Problem
Your answer must repeat all of the entries word for word, without any images.

Records from a dataset
--
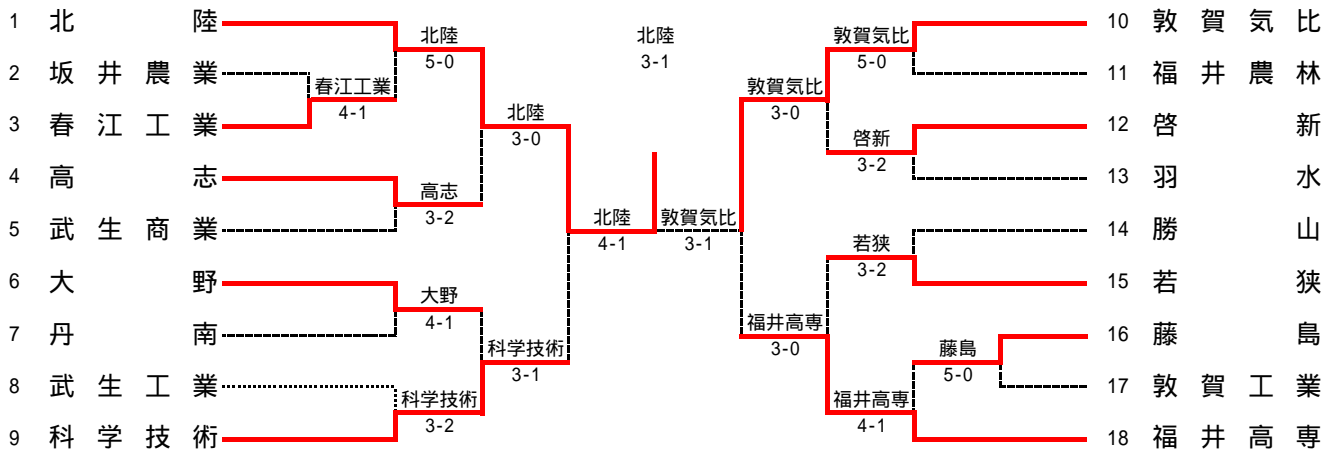

平成21年度 新人テニス大会 男子団体

- 1位 北陸
- 2位 敦賀気比
- 3位 福井高専
- 3位 高志
- 3位 科学技術

<b>1R1</b> 2 坂井農業 1-4 春江工業 3 S1 富野 了(1) 0-6 小田 泰嗣 D1 長谷川 亮太 6(4)-7 牧田 遼 S2 山岸 彰徳 6-4 佐藤 宏樹 D2 吉川 亮 6(5)-7 喜多 貴弘 佐藤 諒一 岩倉 佑太 S3 大杉 祐樹 4-6 田中 央介	<b>2R4</b> 8 武生工業 2-3 科学技術 9 S1 河崎 寛 6-4 高原 泰徳 松井 高広 上田 大貴 D1 永谷 慎太郎 6-4 荒井 大貴 S2 渡辺 祐貴 2-6 福井田 寛史 D2 山田 智広 河原 勇介 服部 哲 加藤 祐樹 S3 市村 友 4-6 清水 裕也	<b>3R1</b> 1 北陸 3-0 高志 4 S1 牧田 和久 6-2 和田 俊明 辻岡 拓哉 小森 克己 D1 青木 翔亮 6-2 田島 和哉 S2 川崎 翔平 6-1 新本 健太 D2 橋本 祐人 高田 湧也 山崎 啓祐 伊藤 彰将 S3 細川 侑作 6-0 高村 知希	<b>4R2</b> 10 敦賀気比 3-1 福井高専 18 S1 坂井 伸次 6-2 石橋 一真 小林 大樹 辻 大樹 岡井 章徳 S2 杉岡 智史 6-1 玉木 啓成 D2 河野 大毅 上木 大輔 吉田 拓真 佐藤 辰也 S3 飯島 佑希 6-0 前田 勝太
<b>1R2</b> 16 藤島 5-0 敦賀工業 17 S1 廣瀬 恭兵 6-2 谷島 淳 D1 木下 翔吾 河口 吉輝 福岡 諒 山本 拓摩 S2 井上 健 6-2 柴田 一輝 D2 古市 哲也 大矢 龍輝 藤田 智之 形部 広幸 S3 小池 修平 6-2 藤田 朋也	<b>2R5</b> 10 敦賀気比 5-0 福井農林 11 S1 坂井 伸次 6-0 長谷川 陽 D1 小林 大樹 土井 利浩 吉田 拓真 内藤 涼太 S2 杉岡 智史 6-0 小川 佑基 D2 辻 大樹 前田 穂介 河野 大毅 山田 裕也 S3 飯島 佑希 6-0 白崎 和孝	<b>3R2</b> 6 大野 1-3 科学技術 9 S1 長瀬 了大 6-3 高原 泰徳 指岡 貴大 上田 大貴 D1 川原 智弘 荒井 大貴 S2 今井 宏樹 6-1 福井田 寛史 D2 都竹 千尋 河原 勇介 高見 善生 加藤 祐樹 S3 池端 恭介 3(打)切 清水 裕也	<b>5R1</b> 1 北陸 3-1 敦賀気比 10 S1 牧田 和久 2-6 坂井 伸次 辻岡 拓哉 6-2 杉岡 智史 D1 川崎 翔平 6-2 飯島 佑希 S2 今井 宏樹 6-2 新本 健太 D2 橋本 祐人 高田 湧也 山崎 啓祐 伊藤 彰将 S3 青木 翔亮 6-0 河野 大毅
<b>2R1</b> 1 北陸 5-0 春江工業 3 S1 牧田 和久 6-1 山下 幹矢 D1 辻岡 拓哉 6-0 喜多 貴弘 青木 翔亮 奥 和幸 S2 川崎 翔平 6-0 小田 泰嗣 D2 橋本 祐人 牧田 遼 山崎 啓祐 岩倉 佑太 S3 細川 侑作 6-3 田中 央介	<b>2R6</b> 12 啓新 3-2 羽水 13 S1 高橋 柁 4-6 竹嶋 孝介 D1 仲山 祐亮 三津屋 俊介 山田 弘樹 荒井 彬之 S2 佐野 貴之 6-0 奥川 博平 D2 宮田 一生 長谷川 智希 小林 井上 樹 S3 下 拓生 6-2 山村 孝志	<b>3R3</b> 10 敦賀気比 3-0 啓新 12 S1 坂井 伸次 6-0 高橋 柁 D1 小林 大樹 6-0 仲山 祐亮 辻 大樹 山田 弘樹 S2 杉岡 智史 6-0 佐野 貴之 D2 辻 大樹 宮田 一生 吉田 拓真 小林 一貴 S3 飯島 佑希 6-0 下 拓生	<b>2決1</b> 3 春江工業 1-3 高志 4 S1 山下 幹矢 3-6 和田 俊明 D1 喜多 貴弘 6-1 小森 克己 奥 和幸 田島 和哉 S2 小田 泰嗣 4(打)切 新本 健太 D2 牧田 遼 高田 湧也 岩倉 佑太 伊藤 彰将 S3 田中 央介 4-6 高村 知希
<b>2R2</b> 4 高志 3-2 武生商業 5 S1 和田 俊明 6-2 木原 翔太 D1 小森 克己 5(6)-7 清水 雄太 田島 和哉 高橋 行也 S2 新本 健太 4-6 山田 健太郎 D2 高田 湧也 6-3 田中 翔太 伊藤 彰将 山口 翔太 S3 高村 知希 7-5 小林 聖弥	<b>2R7</b> 14 勝山 2-3 若狭 15 S1 前野 祥太 1-6 齋藤 丈士 D1 荒井 健次 0-6 西川 幸佑 伊藤 瑞輝 澤田 尚也 S2 尾田 匠汰 5-7 森 恵太 D2 山本 均 永平 雅博 笠川 幹明 吉村 祐哉 S3 市原 厚平 6-4 吉村 颯夫	<b>3R4</b> 15 若狭 0-3 福井高専 18 S1 齋藤 丈士 4-6 齋藤 朔 D1 森 恵太 2-6 石橋 一真 竹本 丈 岡井 章徳 S2 西川 幸佑 0-6 玉木 啓成 D2 澤田 尚也 高田 湧也 吉村 祐哉 伊藤 彰将 S3 宮本 颯夫 2(打)切 前田 勝太	<b>2決2</b> 4 高志 3-0 科学技術 9 S1 和田 俊明 6-0 高原 泰徳 D1 小森 克己 6-3 上田 大貴 田島 和哉 荒井 大貴 S2 新本 健太 3(打)切 福井田 寛史 D2 高田 湧也 河原 勇介 伊藤 彰将 加藤 祐樹 S3 高村 知希 6-4 清水 裕也
<b>2R3</b> 6 大野 4-1 丹南 7 S1 長瀬 了大 (10)6-7 京谷 健太 D1 指岡 貴大 6-2 小島 和樹 川原 智弘 南部 泰明 S2 今井 宏樹 7-5 佐々木 重也 D2 都竹 千尋 6-2 北川 拓弥 高見 善生 内田 悠一 S3 池端 恭介 6-0 黒田 慎	<b>2R8</b> 16 藤島 1-4 福井高専 18 S1 廣瀬 恭兵 6-4 齋藤 朔 D1 木下 翔吾 0-6 石橋 一真 福岡 諒 岡井 章徳 S2 井上 健 6(4)-7 玉木 啓成 D2 古市 哲也 2-6 上木 大輔 藤田 智之 佐藤 辰也 S3 小池 修平 1-6 前田 勝太	<b>4R1</b> 1 北陸 4-1 科学技術 9 S1 牧田 和久 6-0 高原 泰徳 辻岡 拓哉 6-0 上田 大貴 D1 細川 侑作 1(打)切 荒井 大貴 S2 川崎 翔平 6-0 福井田 寛史 D2 橋本 祐人 6-1 河原 勇介 山崎 啓祐 加藤 祐樹 S3 青木 翔亮 6-1 清水 裕也	<b>2決3</b> 4 高志 1-4 敦賀気比 10 S1 和田 俊明 1-6 坂井 伸次 D1 小森 克己 3-6 杉岡 智史 田島 和哉 吉田 拓真 S2 新本 健太 1-6 飯島 佑希 D2 高田 湧也 3-6 小林 大樹 伊藤 彰将 辻 大樹 S3 高村 知希 6-0 河野 大毅
--
Task response
平成21年度 新人テニス大会 男子団体

- 1位 北陸
- 2位 敦賀気比
- 3位 福井高専
- 3位 高志
- 3位 科学技術

<b>1R1</b> 2 坂井農業 1-4 春江工業 3 S1 富野 了(1) 0-6 小田 泰嗣 D1 長谷川 亮太 6(4)-7 牧田 遼 S2 山岸 彰徳 6-4 佐藤 宏樹 D2 吉川 亮 6(5)-7 喜多 貴弘 佐藤 諒一 岩倉 佑太 S3 大杉 祐樹 4-6 田中 央介	<b>2R4</b> 8 武生工業 2-3 科学技術 9 S1 河崎 寛 6-4 高原 泰徳 松井 高広 上田 大貴 D1 永谷 慎太郎 6-4 荒井 大貴 S2 渡辺 祐貴 2-6 福井田 寛史 D2 山田 智広 河原 勇介 服部 哲 加藤 祐樹 S3 市村 友 4-6 清水 裕也	<b>3R1</b> 1 北陸 3-0 高志 4 S1 牧田 和久 6-2 和田 俊明 辻岡 拓哉 小森 克己 D1 青木 翔亮 6-2 田島 和哉 S2 川崎 翔平 6-1 新本 健太 D2 橋本 祐人 高田 湧也 山崎 啓祐 伊藤 彰将 S3 細川 侑作 6-0 高村 知希	<b>4R2</b> 10 敦賀気比 3-1 福井高専 18 S1 坂井 伸次 6-2 石橋 一真 小林 大樹 辻 大樹 岡井 章徳 S2 杉岡 智史 6-1 玉木 啓成 D2 河野 大毅 上木 大輔 吉田 拓真 佐藤 辰也 S3 飯島 佑希 6-0 前田 勝太
<b>1R2</b> 16 藤島 5-0 敦賀工業 17 S1 廣瀬 恭兵 6-2 谷島 淳 D1 木下 翔吾 河口 吉輝 福岡 諒 山本 拓摩 S2 井上 健 6-2 柴田 一輝 D2 古市 哲也 大矢 龍輝 藤田 智之 形部 広幸 S3 小池 修平 6-2 藤田 朋也	<b>2R5</b> 10 敦賀気比 5-0 福井農林 11 S1 坂井 伸次 6-0 長谷川 陽 D1 小林 大樹 土井 利浩 吉田 拓真 内藤 涼太 S2 杉岡 智史 6-0 小川 佑基 D2 辻 大樹 前田 穂介 河野 大毅 山田 裕也 S3 飯島 佑希 6-0 白崎 和孝	<b>3R2</b> 6 大野 1-3 科学技術 9 S1 長瀬 了大 6-3 高原 泰徳 指岡 貴大 上田 大貴 D1 川原 智弘 荒井 大貴 S2 今井 宏樹 6-1 福井田 寛史 D2 都竹 千尋 河原 勇介 高見 善生 加藤 祐樹 S3 池端 恭介 3(打)切 清水 裕也	<b>5R1</b> 1 北陸 3-1 敦賀気比 10 S1 牧田 和久 2-6 坂井 伸次 辻岡 拓哉 6-2 杉岡 智史 D1 川崎 翔平 6-2 飯島 佑希 S2 今井 宏樹 6-2 新本 健太 D2 橋本 祐人 高田 湧也 山崎 啓祐 伊藤 彰将 S3 青木 翔亮 6-0 河野 大毅
<b>2R1</b> 1 北陸 5-0 春江工業 3 S1 牧田 和久 6-1 山下 幹矢 D1 辻岡 拓哉 6-0 喜多 貴弘 青木 翔亮 奥 和幸 S2 川崎 翔平 6-0 小田 泰嗣 D2 橋本 祐人 牧田 遼 山崎 啓祐 岩倉 佑太 S3 細川 侑作 6-3 田中 央介	<b>2R6</b> 12 啓新 3-2 羽水 13 S1 高橋 柁 4-6 竹嶋 孝介 D1 仲山 祐亮 三津屋 俊介 山田 弘樹 荒井 彬之 S2 佐野 貴之 6-0 奥川 博平 D2 宮田 一生 長谷川 智希 小林 井上 樹 S3 下 拓生 6-2 山村 孝志	<b>3R3</b> 10 敦賀気比 3-0 啓新 12 S1 坂井 伸次 6-0 高橋 柁 D1 小林 大樹 6-0 仲山 祐亮 辻 大樹 山田 弘樹 S2 杉岡 智史 6-0 佐野 貴之 D2 辻 大樹 宮田 一生 吉田 拓真 小林 一貴 S3 飯島 佑希 6-0 下 拓生	<b>2決1</b> 3 春江工業 1-3 高志 4 S1 山下 幹矢 3-6 和田 俊明 D1 喜多 貴弘 6-1 小森 克己 奥 和幸 田島 和哉 S2 小田 泰嗣 4(打)切 新本 健太 D2 牧田 遼 高田 湧也 岩倉 佑太 伊藤 彰将 S3 田中 央介 4-6 高村 知希
<b>2R2</b> 4 高志 3-2 武生商業 5 S1 和田 俊明 6-2 木原 翔太 D1 小森 克己 5(6)-7 清水 雄太 田島 和哉 高橋 行也 S2 新本 健太 4-6 山田 健太郎 D2 高田 湧也 6-3 田中 翔太 伊藤 彰将 山口 翔太 S3 高村 知希 7-5 小林 聖弥	<b>2R7</b> 14 勝山 2-3 若狭 15 S1 前野 祥太 1-6 齋藤 丈士 D1 荒井 健次 0-6 西川 幸佑 伊藤 瑞輝 澤田 尚也 S2 尾田 匠汰 5-7 森 恵太 D2 山本 均 永平 雅博 笠川 幹明 吉村 祐哉 S3 市原 厚平 6-4 吉村 颯夫	<b>3R4</b> 15 若狭 0-3 福井高専 18 S1 齋藤 丈士 4-6 齋藤 朔 D1 森 恵太 2-6 石橋 一真 竹本 丈 岡井 章徳 S2 西川 幸佑 0-6 玉木 啓成 D2 澤田 尚也 高田 湧也 吉村 祐哉 伊藤 彰将 S3 宮本 颯夫 2(打)切 前田 勝太	<b>2決2</b> 4 高志 3-0 科学技術 9 S1 和田 俊明 6-0 高原 泰徳 D1 小森 克己 6-3 上田 大貴 田島 和哉 荒井 大貴 S2 新本 健太 3(打)切 福井田 寛史 D2 高田 湧也 河原 勇介 伊藤 彰将 加藤 祐樹 S3 高村 知希 6-4 清水 裕也
<b>2R3</b> 6 大野 4-1 丹南 7 S1 長瀬 了大 (10)6-7 京谷 健太 D1 指岡 貴大 6-2 小島 和樹 川原 智弘 南部 泰明 S2 今井 宏樹 7-5 佐々木 重也 D2 都竹 千尋 6-2 北川 拓弥 高見 善生 内田 悠一 S3 池端 恭介 6-0 黒田 慎	<b>2R8</b> 16 藤島 1-4 福井高専 18 S1 廣瀬 恭兵 6-4 齋藤 朔 D1 木下 翔吾 0-6 石橋 一真 福岡 諒 岡井 章徳 S2 井上 健 6(4)-7 玉木 啓成 D2 古市 哲也 2-6 上木 大輔 藤田 智之 佐藤 辰也 S3 小池 修平 1-6 前田 勝太	<b>4R1</b> 1 北陸 4-1 科学技術 9 S1 牧田 和久 6-0 高原 泰徳 辻岡 拓哉 6-0 上田 大貴 D1 細川 侑作 1(打)切 荒井 大貴 S2 川崎 翔平 6-0 福井田 寛史 D2 橋本 祐人 6-1 河原 勇介 山崎 啓祐 加藤 祐樹 S3 青木 翔亮 6-1 清水 裕也	<b>2決3</b> 4 高志 1-4 敦賀気比 10 S1 和田 俊明 1-6 坂井 伸次 D1 小森 克己 3-6 杉岡 智史 田島 和哉 吉田 拓真 S2 新本 健太 1-6 飯島 佑希 D2 高田 湧也 3-6 小林 大樹 伊藤 彰将 辻 大樹 S3 高村 知希 6-0 河野 大毅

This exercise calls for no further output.